Collected data:
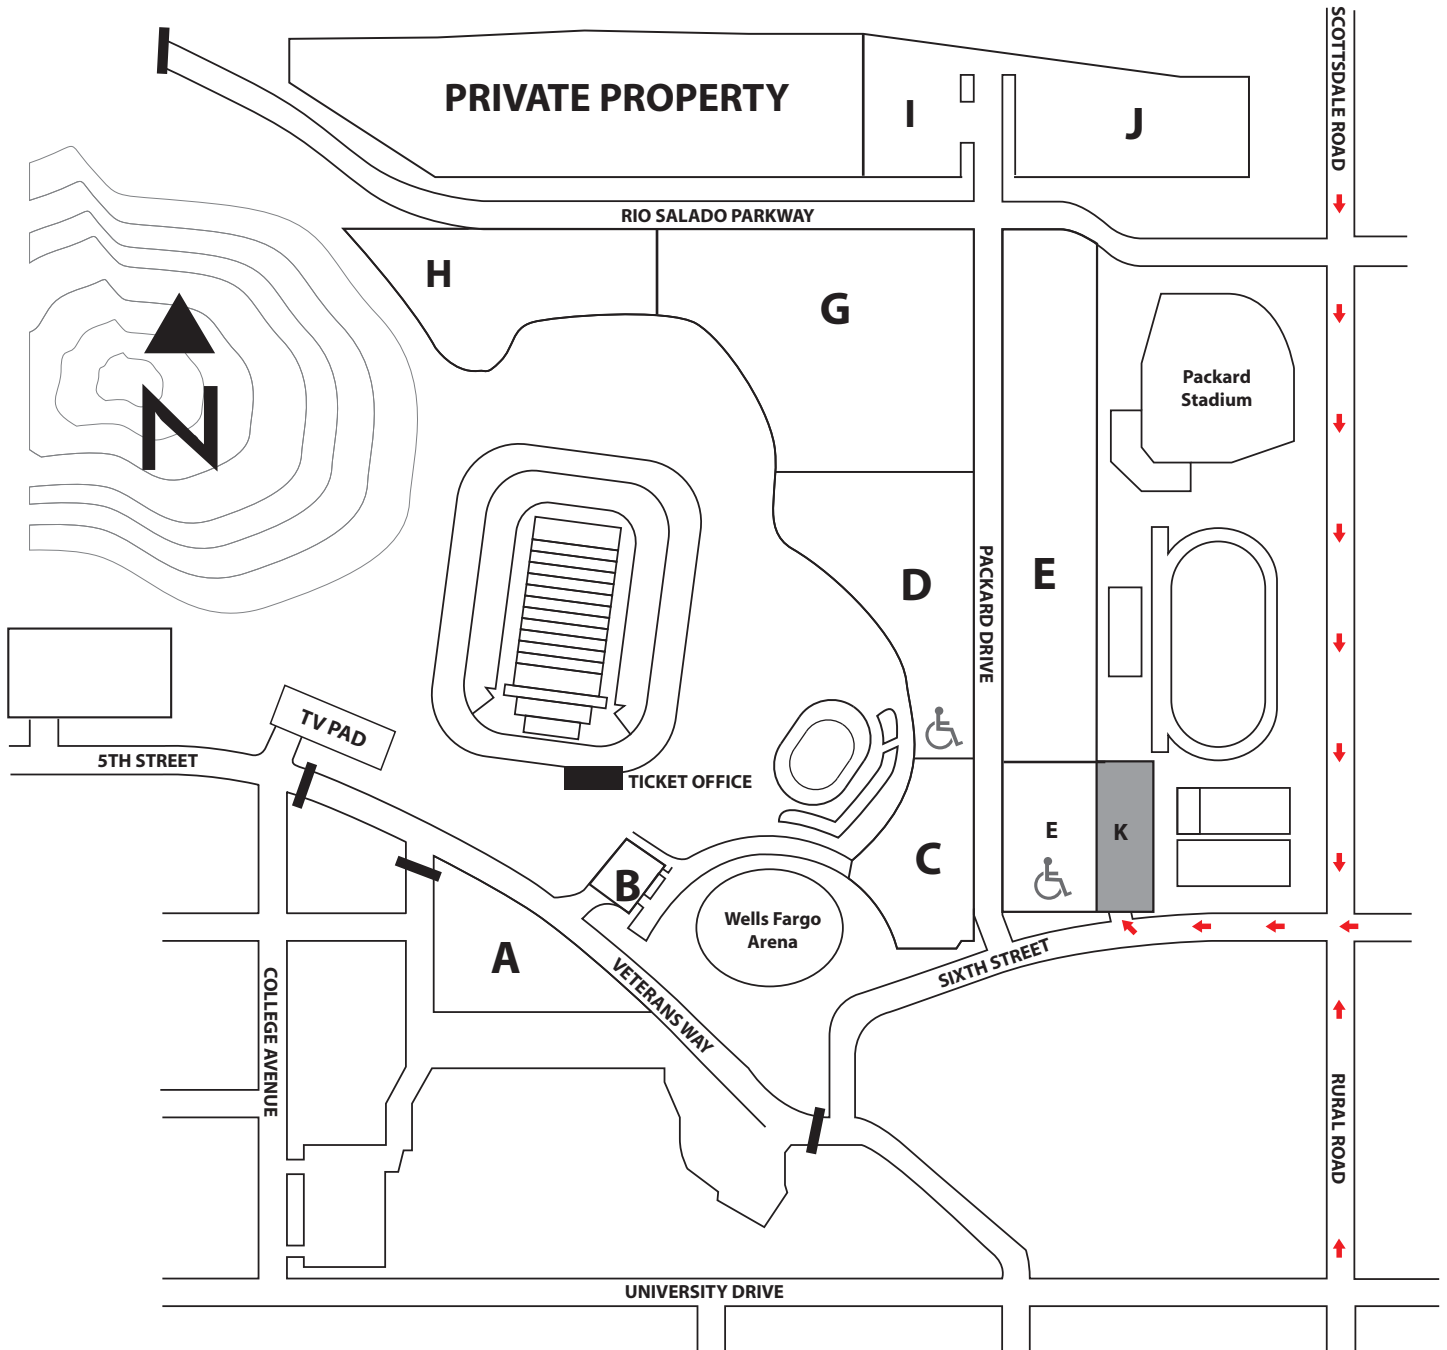

Lot K
INGRESS

Insight Bowl Game Day Map

K Tennis Lot

READ THIS CONTRACT – IT LIMITS OUR LIABILITY

This parking permit licenses the holder to park one vehicle in one stall as directed. The parking stall shall only be occupied by a vehicle. This permit is non-transferable and shall not be sold for any reason at any cost. Any violation of any policy, procedure or direction may result in the vehicle being relocated or removed from premises. The owner and service provider of this permit hereby declares itself not responsible for and assumes no liability arising from fire, theft, damage to or loss of the vehicle or any article left therein. Only a license of a stall is granted hereby and no bailment is created. Acceptance of this permit constitutes acknowledgement by holder that he/she has read and agrees to the provisions of the foregoing contract. Owner and service provider reserve the right to revoke license and privilege at anytime for any reason.

All pass parking is general admission, early arrival is suggested. Lot opens at 12:00 p.m. Overnight parking is not allowed. Remaining vehicles will be subject to tow at owner's expense.

Please refer to insightbowl.org for traffic patterns and street closures before and after the game. Road closures take effect at 6:00 a.m.
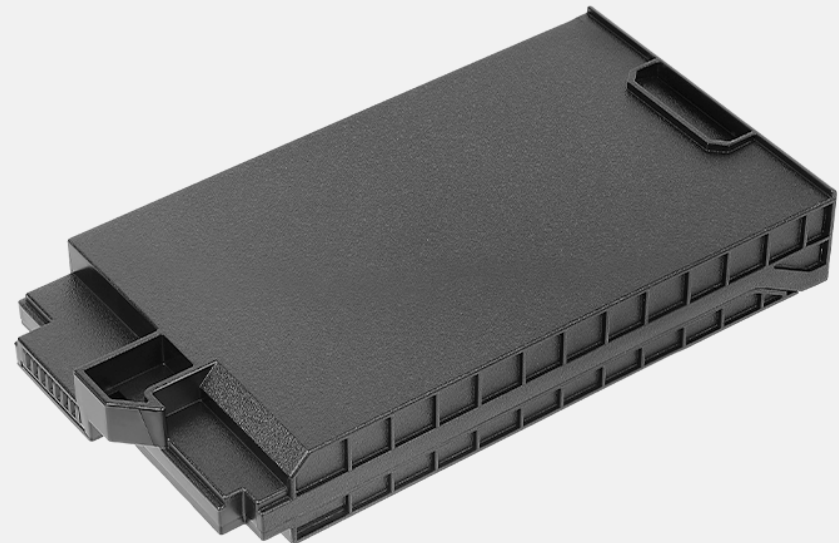

MAIN BATTERY & 2ND BATTERY

Features & Benefits

The S410 Spare Main Battery is designed to provide main power source for device when AC adapter is not connected/charged.

Product Information

Battery Type : Lithium-ion 6 cells, 74.5WH
Nominal Voltage : 10.8V
Capacity : 6900mAh
Battery Pack Weight : 330g

SKU ID

GBM6X6

# Task goal
Print the lines from the beginning of the records up to and including the line containing "READ THIS CONTRACT – IT LIMITS OUR LIABILITY", word for word, with no pictures.

# Result of this exercise
Lot K
INGRESS

Insight Bowl Game Day Map

K Tennis Lot

READ THIS CONTRACT – IT LIMITS OUR LIABILITY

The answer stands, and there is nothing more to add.